Data for the task =>

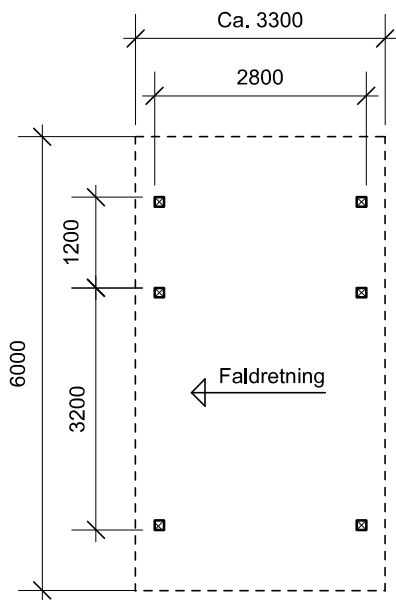

JA carport - type CS 113

Materialebeskrivelse for basismodel

Stolper	125 x 125 mm ru trykimpr.
Remme	45 x 195 mm høvlet konstruktions træ (ikke trykimpr.)
Spær	45 x 145 mm høvlet konstruktions træ (ikke trykimpr.)
Taglægte	38 x 73 mm C18 (ikke trykimpr.)
Sternbrædder	25 mm ru trykimpr.
Dækbrædder	19 x 75 mm ru trykimpr.
Tagbeklædning	Blåtonet pvc trapezplade

Fald på tagbelægning: 10 grader.

Facade - højre

Facade - venstre

Gavl

Gavl

JA Carporte er et koncept for selvbyggere, hvor vi leverer et komplet byggesæt indeholdende alt fra træ og tagbeklædning til alle nødvendige beslag, skruer og søm, samt byggevejledning i form af tegninger og beskrivelse. Stolper sættes 90 cm i jorden (beton til støbning er ikke medregnet i basisprisen). Vi tilbyder ikke montering.
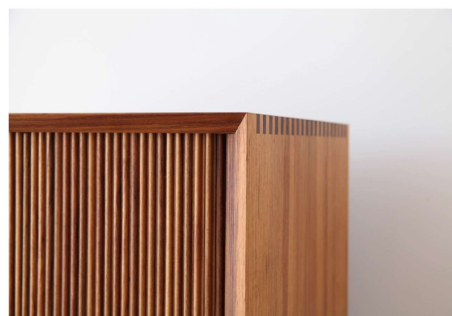

made in Japan

北欧家具好きのお客様から「マンションのリビングに置いても違和感のない仏壇を」というお客様の声から誕生しました。

デンマークのビンテージ家具をヒントに日本の匠の技がちりばめられた蛇腹仏壇です。

W 450 × D 350 × H 1550	チーク/山桜/クリ (無垢オイル仕上)
W 450 × D 350 × H 660	

※ サイズ・樹種変更のセミオーダー、扉形状変更等のフルオーダーも可能です。お気軽にご相談ください。
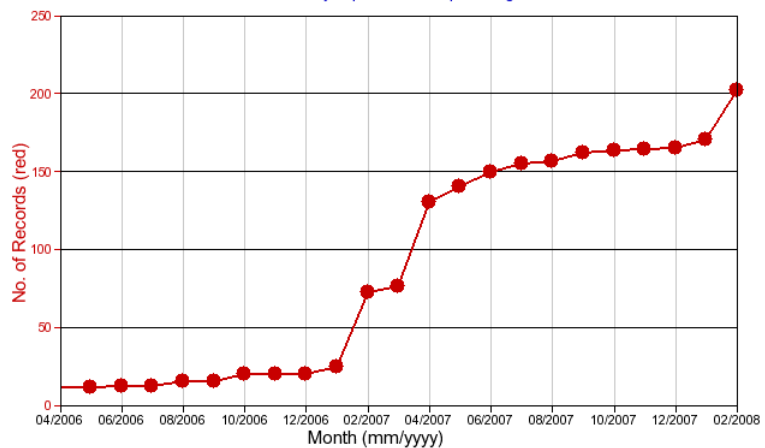

Dipòsit Digital de la UB

Generated by <http://archives.eprints.org/>
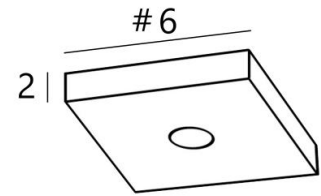

## Ceiling base square 1

CEILING BASE SQUARE 1 in gestructureerd zwart. Metaal afwerking code: 02. Opties: een grote keuze aan kabels en fittingen (+supplement)

### + SUPPLEMENT

Cable +  
E27 ring

or

Cable +  
E27 long

or

Cable +  
E27 XXL

**CEILING BASE SQUARE 1** is een vierkante plafondbasis voorzien voor één kabeluitgang, voor het ophangen van een lamp, een structuur, een glas of een lampenkap  
Bovendien is gestandaardiseerde bekabeling voorzien  
Ook zijn er vele opties beschikbaar in de keuze van vormen, maten, afwerkingen, bedrading of fittingen

### BASIS

Doos : #6 x 2cm

Instructions to follow =>
Send back every record exactly as it stands, except the pictures.

Response to the task =>
JA carport - type CS 113

Materialebeskrivelse for basismodel

Stolper	125 x 125 mm ru trykimpr.
Remme	45 x 195 mm høvlet konstruktions træ (ikke trykimpr.)
Spær	45 x 145 mm høvlet konstruktions træ (ikke trykimpr.)
Taglægte	38 x 73 mm C18 (ikke trykimpr.)
Sternbrædder	25 mm ru trykimpr.
Dækbrædder	19 x 75 mm ru trykimpr.
Tagbeklædning	Blåtonet pvc trapezplade

Fald på tagbelægning: 10 grader.

Facade - højre

Facade - venstre

Gavl

Gavl

JA Carporte er et koncept for selvbyggere, hvor vi leverer et komplet byggesæt indeholdende alt fra træ og tagbeklædning til alle nødvendige beslag, skruer og søm, samt byggevejledning i form af tegninger og beskrivelse. Stolper sættes 90 cm i jorden (beton til støbning er ikke medregnet i basisprisen). Vi tilbyder ikke montering.

made in Japan

北欧家具好きのお客様から「マンションのリビングに置いても違和感のない仏壇を」というお客様の声から誕生しました。

デンマークのビンテージ家具をヒントに日本の匠の技がちりばめられた蛇腹仏壇です。

W 450 × D 350 × H 1550	チーク/山桜/クリ (無垢オイル仕上)
W 450 × D 350 × H 660	

※ サイズ・樹種変更のセミオーダー、扉形状変更等のフルオーダーも可能です。お気軽にご相談ください。

Dipòsit Digital de la UB

Generated by <http://archives.eprints.org/>

## Ceiling base square 1

CEILING BASE SQUARE 1 in gestructureerd zwart. Metaal afwerking code: 02. Opties: een grote keuze aan kabels en fittingen (+supplement)

### + SUPPLEMENT

Cable +  
E27 ring

or

Cable +  
E27 long

or

Cable +  
E27 XXL

**CEILING BASE SQUARE 1** is een vierkante plafondbasis voorzien voor één kabeluitgang, voor het ophangen van een lamp, een structuur, een glas of een lampenkap  
Bovendien is gestandaardiseerde bekabeling voorzien  
Ook zijn er vele opties beschikbaar in de keuze van vormen, maten, afwerkingen, bedrading of fittingen

### BASIS

Doos : #6 x 2cm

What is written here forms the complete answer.